(Study material)
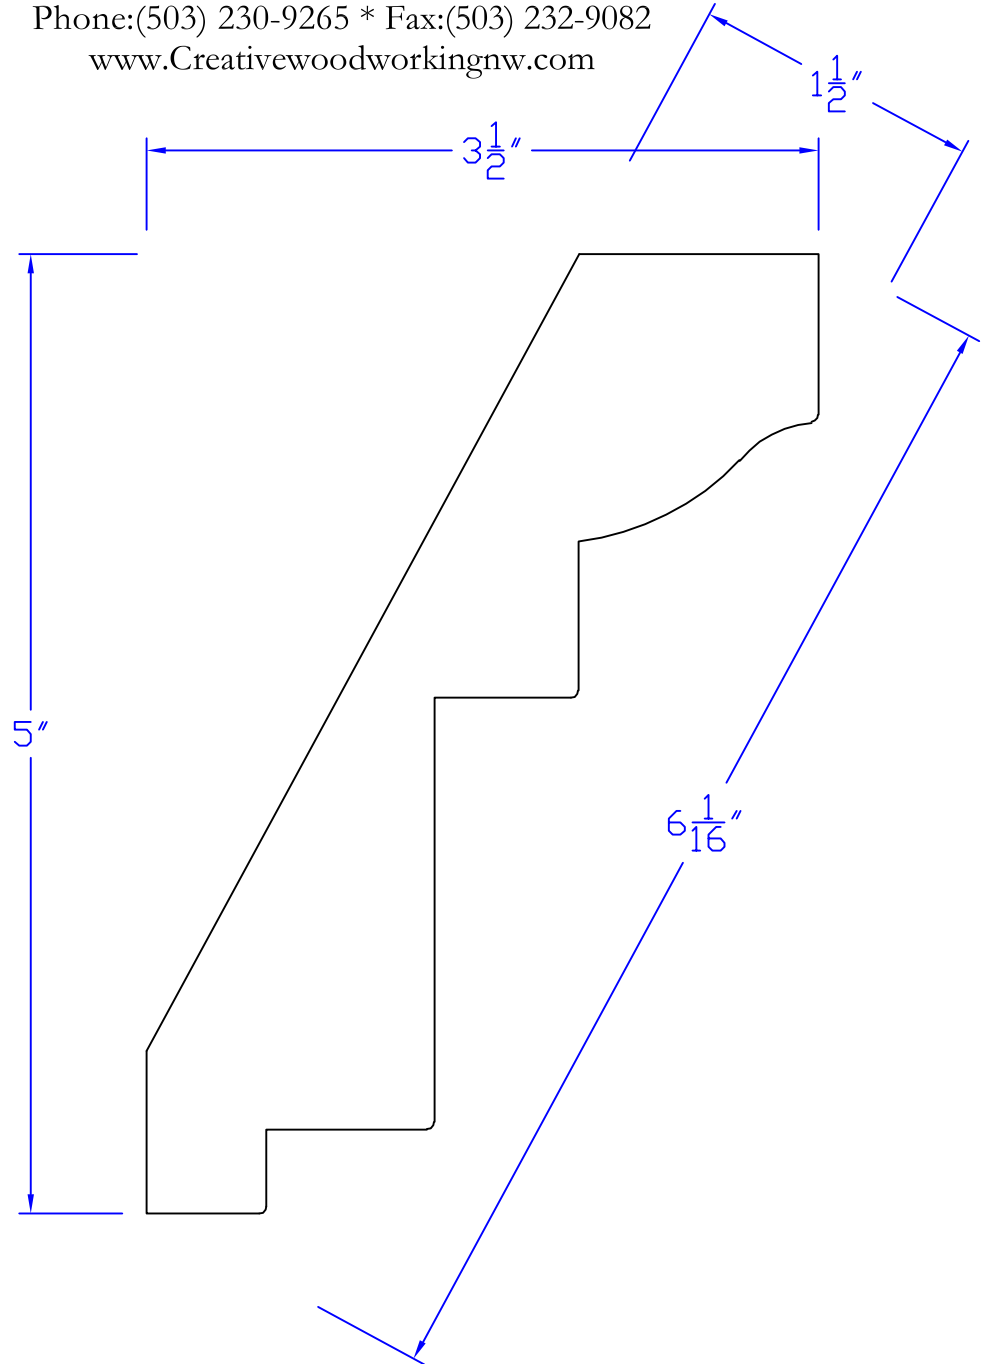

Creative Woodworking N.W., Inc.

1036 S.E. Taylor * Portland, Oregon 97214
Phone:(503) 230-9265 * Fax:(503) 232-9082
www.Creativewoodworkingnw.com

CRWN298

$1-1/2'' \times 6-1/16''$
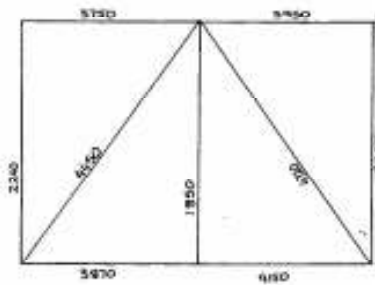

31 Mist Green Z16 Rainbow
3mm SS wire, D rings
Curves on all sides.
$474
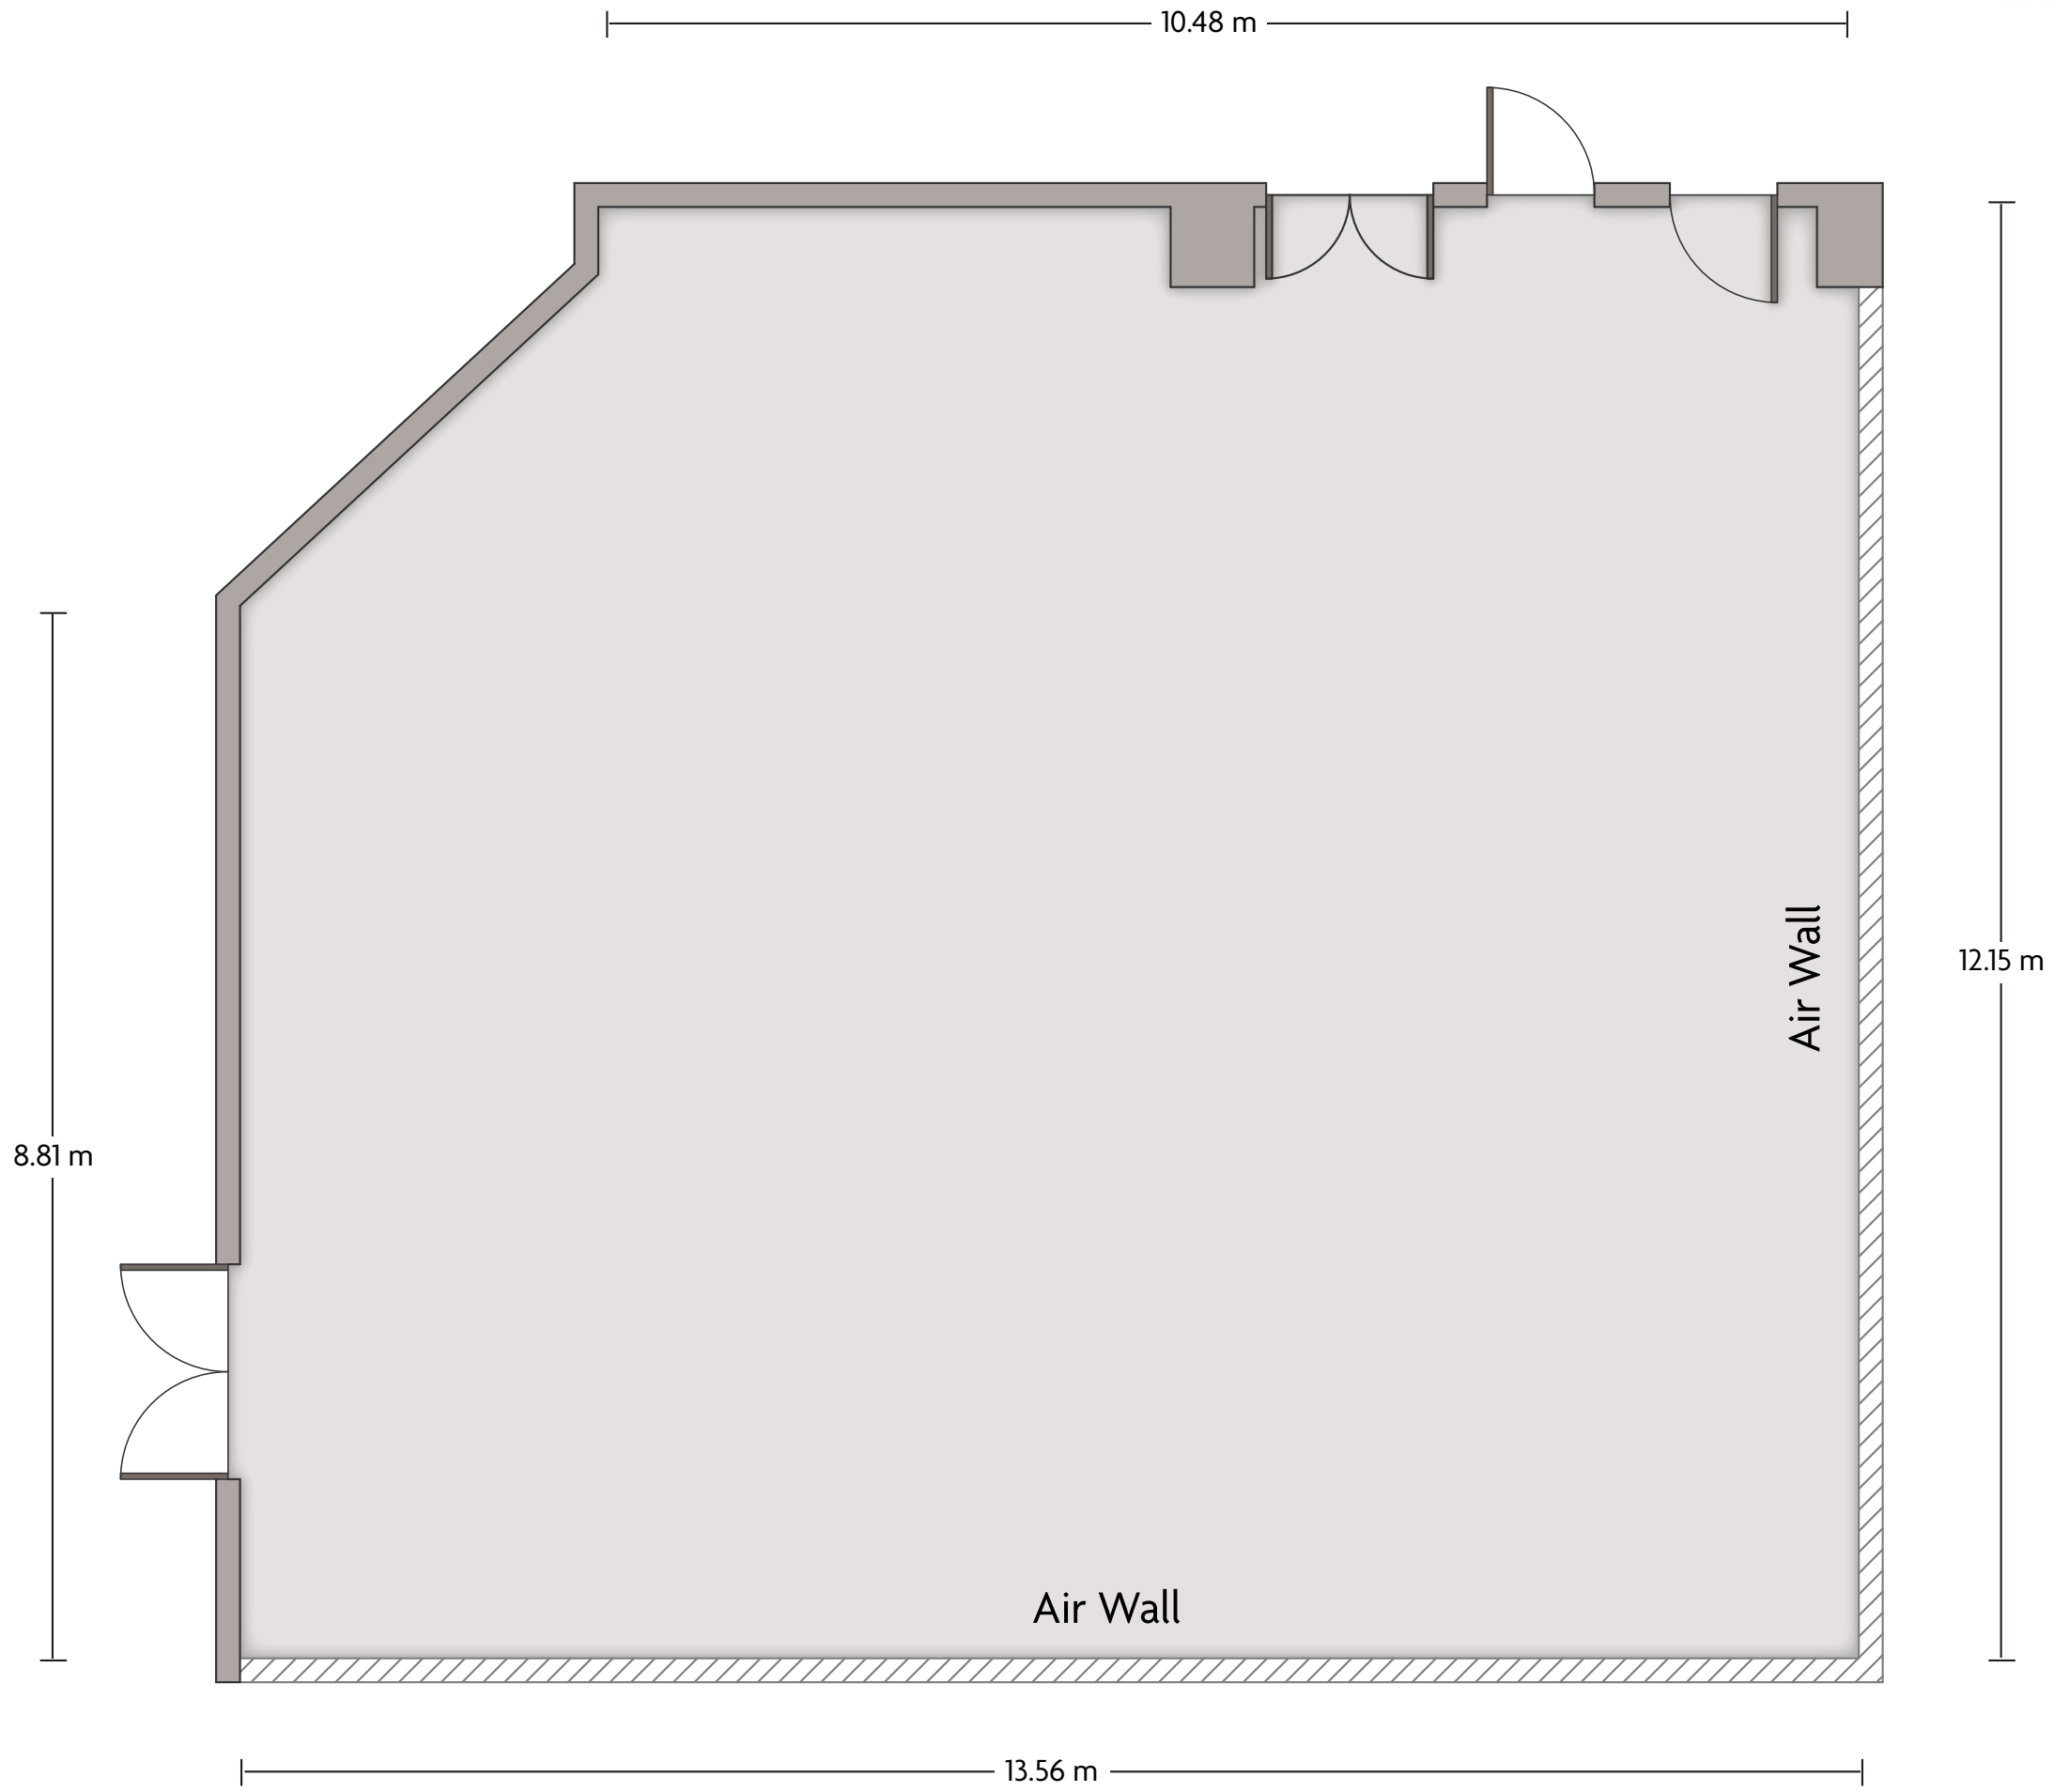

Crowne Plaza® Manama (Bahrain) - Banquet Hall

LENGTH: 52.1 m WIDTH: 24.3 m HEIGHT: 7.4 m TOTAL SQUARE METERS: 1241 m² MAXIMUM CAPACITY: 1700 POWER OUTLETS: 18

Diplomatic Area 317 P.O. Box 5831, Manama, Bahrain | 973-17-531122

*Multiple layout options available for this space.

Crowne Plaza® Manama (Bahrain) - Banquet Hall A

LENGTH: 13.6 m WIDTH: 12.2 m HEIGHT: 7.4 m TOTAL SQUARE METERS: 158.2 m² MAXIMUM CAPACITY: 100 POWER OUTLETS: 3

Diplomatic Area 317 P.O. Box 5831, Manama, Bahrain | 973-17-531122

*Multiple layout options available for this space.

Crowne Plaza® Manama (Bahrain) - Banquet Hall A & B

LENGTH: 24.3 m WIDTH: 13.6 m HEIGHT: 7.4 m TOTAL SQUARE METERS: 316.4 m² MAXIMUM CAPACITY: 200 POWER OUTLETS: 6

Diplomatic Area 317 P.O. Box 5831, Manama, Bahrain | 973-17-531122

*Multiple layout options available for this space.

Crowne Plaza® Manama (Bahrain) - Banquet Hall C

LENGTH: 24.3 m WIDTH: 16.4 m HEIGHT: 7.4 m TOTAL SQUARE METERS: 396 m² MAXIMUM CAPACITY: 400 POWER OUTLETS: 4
(End Study material)
● Description of the task
Nothing but the lines from the one containing "Crowne Plaza® Manama (Bahrain) - Banquet Hall A &" through the final line of the data above is to be reproduced, each exactly as written.

● Exercise output
Crowne Plaza® Manama (Bahrain) - Banquet Hall A & B

LENGTH: 24.3 m WIDTH: 13.6 m HEIGHT: 7.4 m TOTAL SQUARE METERS: 316.4 m² MAXIMUM CAPACITY: 200 POWER OUTLETS: 6

Diplomatic Area 317 P.O. Box 5831, Manama, Bahrain | 973-17-531122

*Multiple layout options available for this space.

Crowne Plaza® Manama (Bahrain) - Banquet Hall C

LENGTH: 24.3 m WIDTH: 16.4 m HEIGHT: 7.4 m TOTAL SQUARE METERS: 396 m² MAXIMUM CAPACITY: 400 POWER OUTLETS: 4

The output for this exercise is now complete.